# Entries supplied:
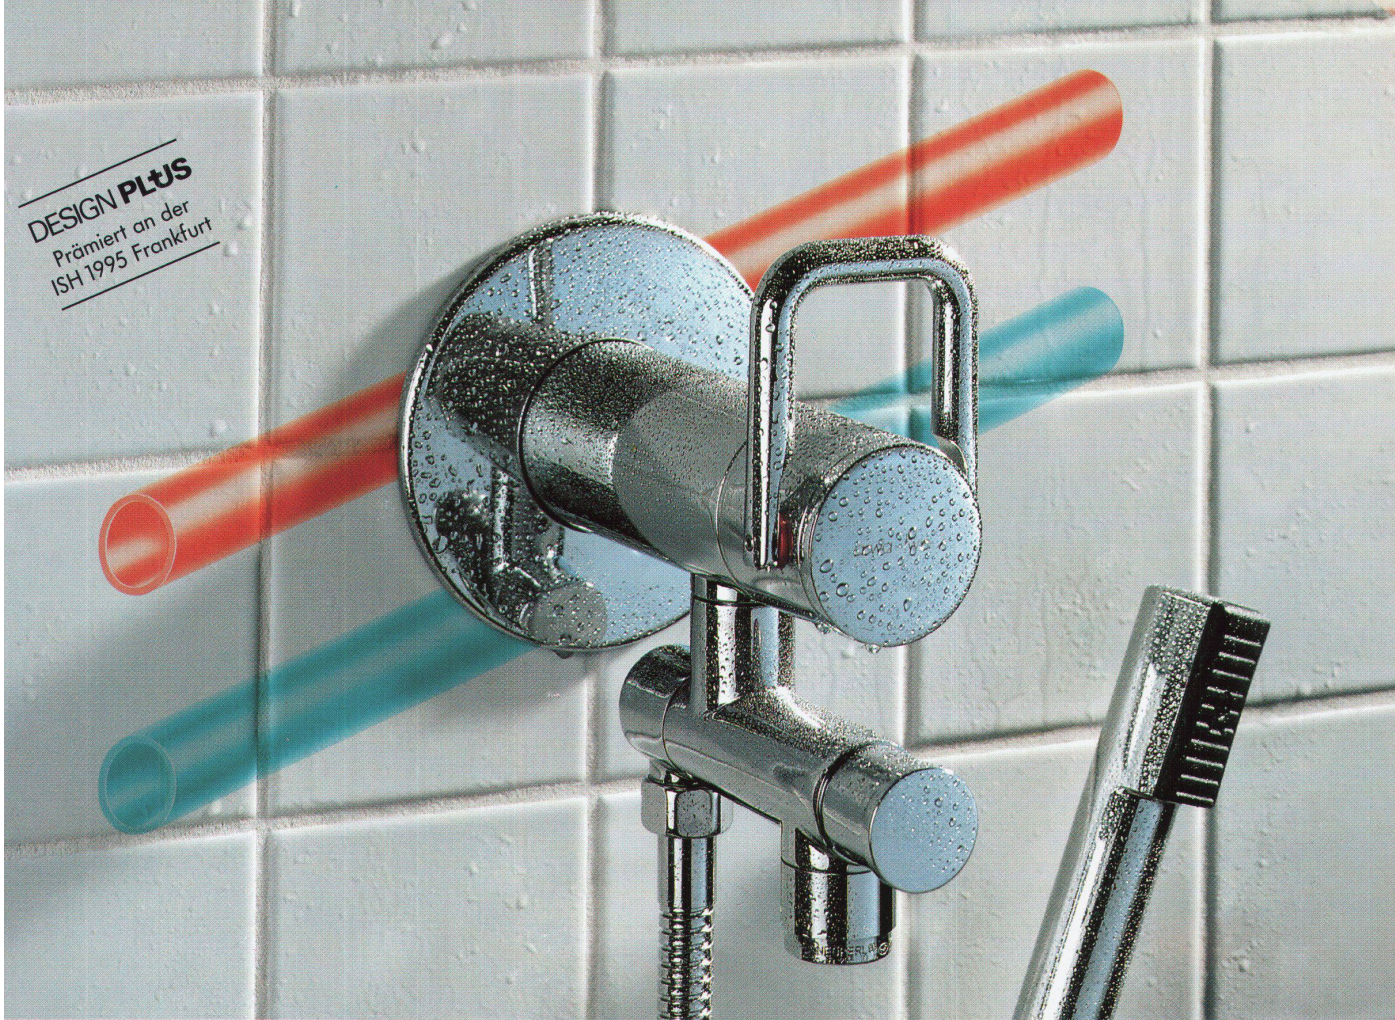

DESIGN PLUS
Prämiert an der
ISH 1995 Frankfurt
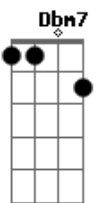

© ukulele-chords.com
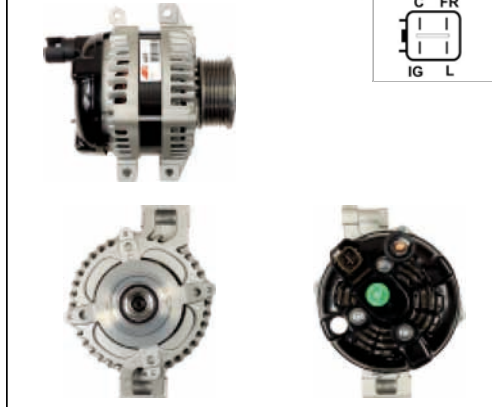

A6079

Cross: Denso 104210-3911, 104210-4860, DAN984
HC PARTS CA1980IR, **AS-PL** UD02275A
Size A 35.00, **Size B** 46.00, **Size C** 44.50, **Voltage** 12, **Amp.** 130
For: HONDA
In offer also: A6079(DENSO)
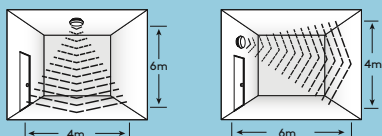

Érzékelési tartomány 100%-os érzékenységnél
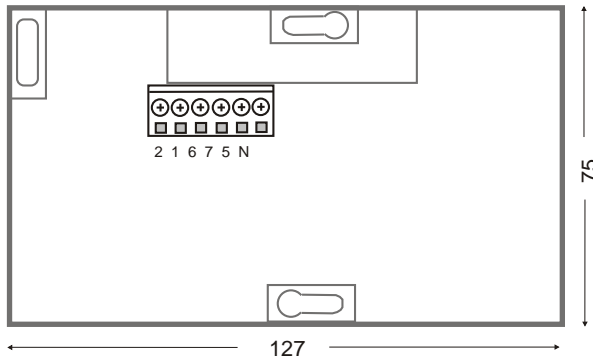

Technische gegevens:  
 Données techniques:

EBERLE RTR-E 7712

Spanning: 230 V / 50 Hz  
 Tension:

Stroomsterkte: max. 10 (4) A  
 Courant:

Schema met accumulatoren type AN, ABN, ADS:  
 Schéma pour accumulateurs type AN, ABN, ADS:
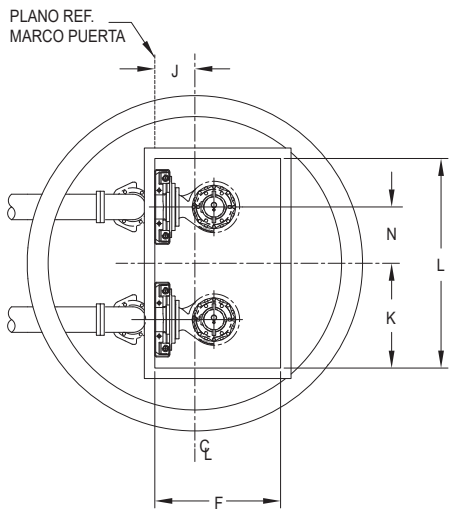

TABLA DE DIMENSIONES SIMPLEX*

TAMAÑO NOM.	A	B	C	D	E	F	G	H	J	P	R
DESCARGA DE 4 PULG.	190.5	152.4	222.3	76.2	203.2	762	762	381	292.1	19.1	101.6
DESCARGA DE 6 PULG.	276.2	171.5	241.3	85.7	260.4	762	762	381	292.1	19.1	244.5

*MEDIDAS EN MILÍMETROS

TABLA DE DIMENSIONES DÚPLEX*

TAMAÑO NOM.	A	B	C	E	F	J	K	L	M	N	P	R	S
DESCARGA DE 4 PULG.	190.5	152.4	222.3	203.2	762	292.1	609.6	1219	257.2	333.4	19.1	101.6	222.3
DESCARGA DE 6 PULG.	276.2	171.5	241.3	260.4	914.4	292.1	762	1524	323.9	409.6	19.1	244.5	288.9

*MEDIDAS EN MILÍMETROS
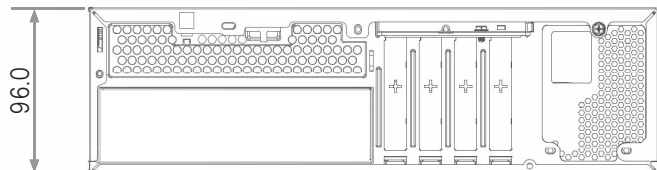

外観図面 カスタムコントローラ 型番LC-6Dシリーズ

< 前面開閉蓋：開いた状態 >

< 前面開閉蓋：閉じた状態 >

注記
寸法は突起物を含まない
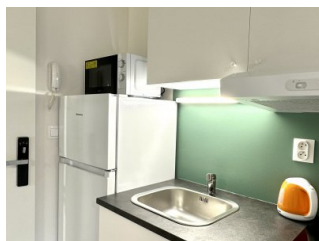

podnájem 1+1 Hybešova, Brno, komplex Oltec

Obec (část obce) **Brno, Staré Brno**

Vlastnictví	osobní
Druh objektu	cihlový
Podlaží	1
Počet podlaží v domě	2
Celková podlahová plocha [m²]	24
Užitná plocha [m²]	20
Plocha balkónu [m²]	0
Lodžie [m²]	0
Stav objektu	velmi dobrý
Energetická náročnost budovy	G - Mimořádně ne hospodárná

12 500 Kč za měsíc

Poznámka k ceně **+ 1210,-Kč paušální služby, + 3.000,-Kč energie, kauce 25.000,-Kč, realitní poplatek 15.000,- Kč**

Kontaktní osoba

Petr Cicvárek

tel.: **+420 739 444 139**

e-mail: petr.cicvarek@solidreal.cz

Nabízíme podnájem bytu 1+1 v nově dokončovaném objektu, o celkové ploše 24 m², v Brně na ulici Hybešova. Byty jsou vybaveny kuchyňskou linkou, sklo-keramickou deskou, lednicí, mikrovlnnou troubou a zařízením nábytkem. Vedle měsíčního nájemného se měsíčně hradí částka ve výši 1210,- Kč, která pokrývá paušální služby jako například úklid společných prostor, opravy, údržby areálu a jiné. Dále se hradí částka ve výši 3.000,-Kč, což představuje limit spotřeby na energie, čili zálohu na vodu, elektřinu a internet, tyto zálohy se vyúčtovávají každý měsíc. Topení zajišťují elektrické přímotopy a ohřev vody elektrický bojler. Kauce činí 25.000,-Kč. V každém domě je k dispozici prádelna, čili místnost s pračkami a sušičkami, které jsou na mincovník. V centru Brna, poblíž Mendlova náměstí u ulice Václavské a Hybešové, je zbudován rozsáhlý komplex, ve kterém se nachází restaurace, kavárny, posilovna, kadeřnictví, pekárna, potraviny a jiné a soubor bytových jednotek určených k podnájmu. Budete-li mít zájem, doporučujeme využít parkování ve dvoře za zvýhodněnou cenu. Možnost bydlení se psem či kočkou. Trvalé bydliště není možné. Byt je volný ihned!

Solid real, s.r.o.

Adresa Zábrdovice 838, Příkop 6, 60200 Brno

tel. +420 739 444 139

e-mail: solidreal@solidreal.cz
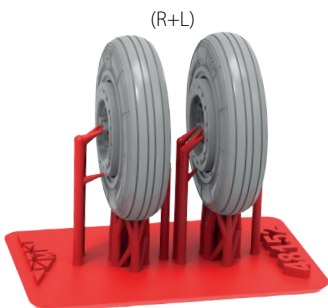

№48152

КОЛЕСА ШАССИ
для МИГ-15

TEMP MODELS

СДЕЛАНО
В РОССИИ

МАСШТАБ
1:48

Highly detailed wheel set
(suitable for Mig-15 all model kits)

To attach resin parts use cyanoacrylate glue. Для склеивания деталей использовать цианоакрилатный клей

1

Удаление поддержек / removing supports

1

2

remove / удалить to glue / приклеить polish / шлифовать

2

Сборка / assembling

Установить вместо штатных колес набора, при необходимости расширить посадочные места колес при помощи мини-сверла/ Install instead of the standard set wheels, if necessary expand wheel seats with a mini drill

# Problem details:
Output the line holding "remove / удалить", then every later line through the end of the records above, exactly as given and nothing else.

# Response to this exercise:
remove / удалить to glue / приклеить polish / шлифовать

2

Сборка / assembling

Установить вместо штатных колес набора, при необходимости расширить посадочные места колес при помощи мини-сверла/ Install instead of the standard set wheels, if necessary expand wheel seats with a mini drill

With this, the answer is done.